A MEDICINA COMO "MERCADORIA" NOS ESTADOS UNIDOS
Pacientes não são consumidores
Paul Krugman
O New York Times publicou recentemente uma reportagem sobre a reação negativa que o Congresso dos Estados Unidos demonstra em relação ao Independent Payment Advisory Board, conselho consultivo que é peça fundamental nas tentativas de conter o avanço dos gastos com a saúde no país. A atitude dos congressistas era previsível. É também irresponsável. Enquanto eu analisava os argumentos dos republicanos contrários à formação do conselho, fiquei impressionado com o fato de que a proposta orçamentária da Câmara dos Deputados norte-americana se baseia no princípio de que "os programas de saúde do governo precisam responder melhor às escolhas dos consumidores".
Eis a minha pergunta: desde quando referir-se a pacientes como "consumidores" é algo normal ou até mesmo aceitável? A relação médico-paciente já foi considerada especial, quase sagrada. Agora, políticos e supostos reformistas tratam o atendimento médico como se ele fosse uma transação comercial igual à compra de um carro – e a única reclamação que fazem é que o serviço não é comercial o bastante. O que há de errado com a sociedade norte-americana?
Sobre o conselho consultivo: é preciso fazer algo a respeito dos gastos com a saúde, ou seja, é necessário encontrar uma maneira de começar a dizer não. Com a contínua inovação nos tratamentos médicos, não é possível manter um sistema no qual o Medicare simplesmente arca com tudo o que os médicos recomendam. Isso é especialmente importante quando esse cheque em branco combina-se com os fortes incentivos financeiros dados a médicos e hospitais – que não são santos – para que sejam adotados tratamentos excessivamente caros e longos.
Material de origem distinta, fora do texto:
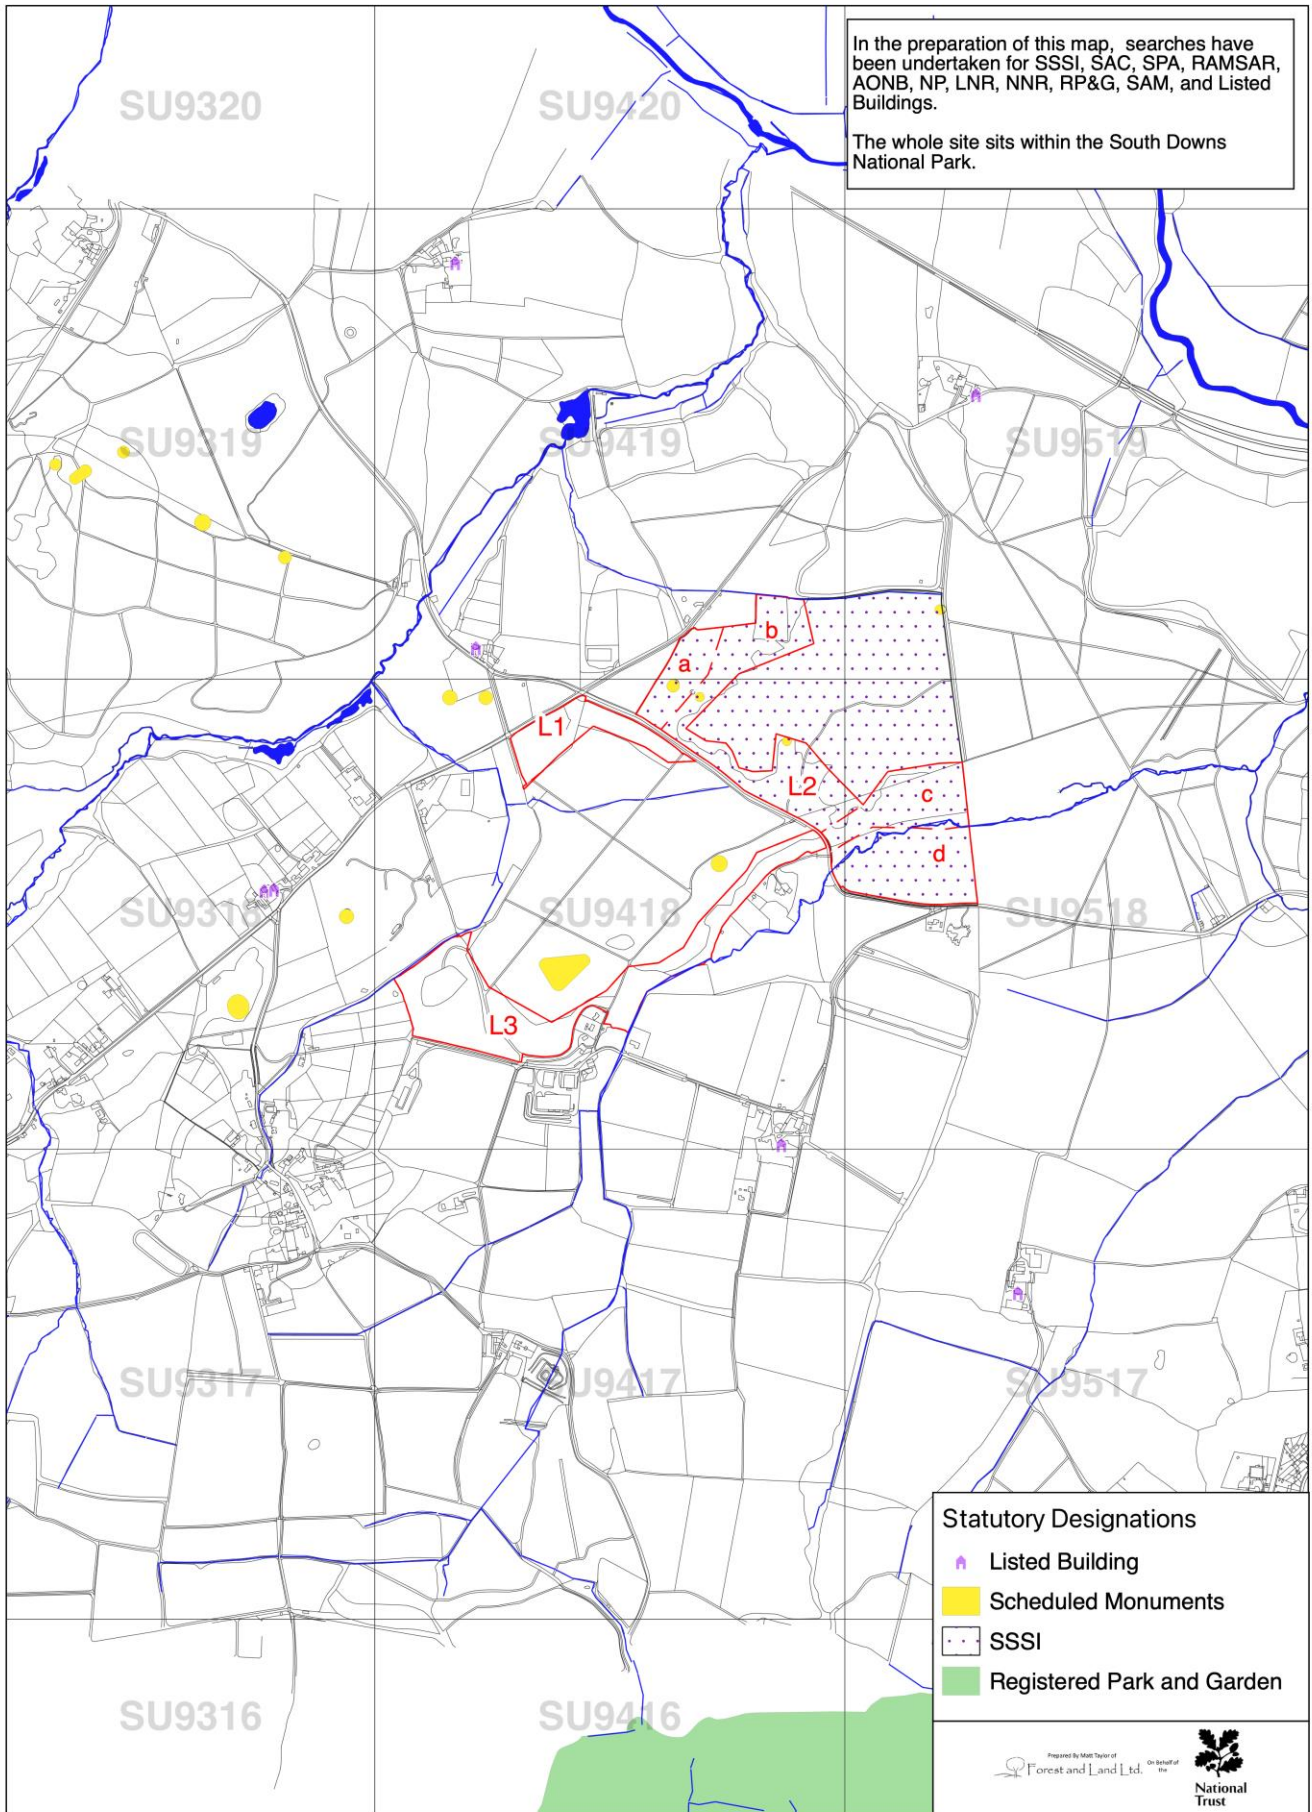

South Downs Woodland Management Plan— Lavington Map 2: Activity and Work Phase

Scale 1:13000 at A3

South Downs Woodland Management Plan—Lavington Map 3: Long-term Activity (2034-2043)

Scale 1:13000 at A3

South Downs Woodland Management Plan—Lavington Map 4: Ancient Woodland and Veteran Trees Scale 1:13000 at A3

South Downs Woodland Management Plan—Lavington Map 5: Statutory Designations

Scale 1:13000 at A3

South Downs Woodland Management Plan—Lavington Map 6: Sensitivities and Issues

Scale 1:13000 at A3

Daí a necessidade do conselho consultivo, instituído pela reforma do sistema de saúde aprovada no ano passado. O painel, constituído por especialistas em saúde, trabalharia com uma meta para o crescimento dos gastos do Medicare. Para manter os custos abaixo desse limite, o conselho apresentaria recomendações de aplicação imediata para o controle de gastos – as medidas teriam efeito automático, a menos que fossem derrubadas pelo Congresso.
Antes que você comece a gritar coisas como "racionamento" e "painéis da morte", tenha em mente que não se trata de limitar o acesso aos tratamentos de saúde que sejam comprados com o seu dinheiro (ou por meio do seu plano de saúde). A medida diz respeito somente àquilo que é pago com o dinheiro dos contribuintes. E, da última vez em que olhei para a Declaração de Independência, não li nada sobre o direito à busca da felicidade com todas as despesas pagas. Escolhas precisam ser feitas e, de um jeito ou de outro, os gastos governamentais com a saúde deverão ser limitados.
Agora, o que os deputados republicanos propõem é que o governo simplesmente empurre o problema da elevação nos custos da saúde para o colo dos idosos. Pela proposta da oposição, o Medicare seria substituído por vouchers que serviriam para o pagamento de planos de saúde privados – os idosos e as seguradoras que se virassem para fazer esse sistema funcionar. Esse projeto, de acordo com os republicanos, é superior à análise feita por especialistas porque deixaria o sistema de saúde aberto às maravilhas da "escolha do consumidor".
O que há de errado com essa proposta (além de o valor estabelecido para os vouchers ser totalmente inadequado)? A ideia simplesmente não funcionaria na prática. A medicina "baseada no consumidor" fracassou em todos os locais onde já foi testada. Um exemplo: o programa Medicare Advantage – originalmente chamado de Medicare + Choice – deveria ser mais barato para os cofres públicos, mas acabou custando muito mais do que o Medicare tradicional. Entre as nações desenvolvidas, os EUA têm o sistema de saúde mais "voltado para o consumidor". O país também apresenta, de longe, os maiores custos do setor, porém a qualidade dos serviços não é superior à de sistemas muito mais baratos encontrados no resto do mundo.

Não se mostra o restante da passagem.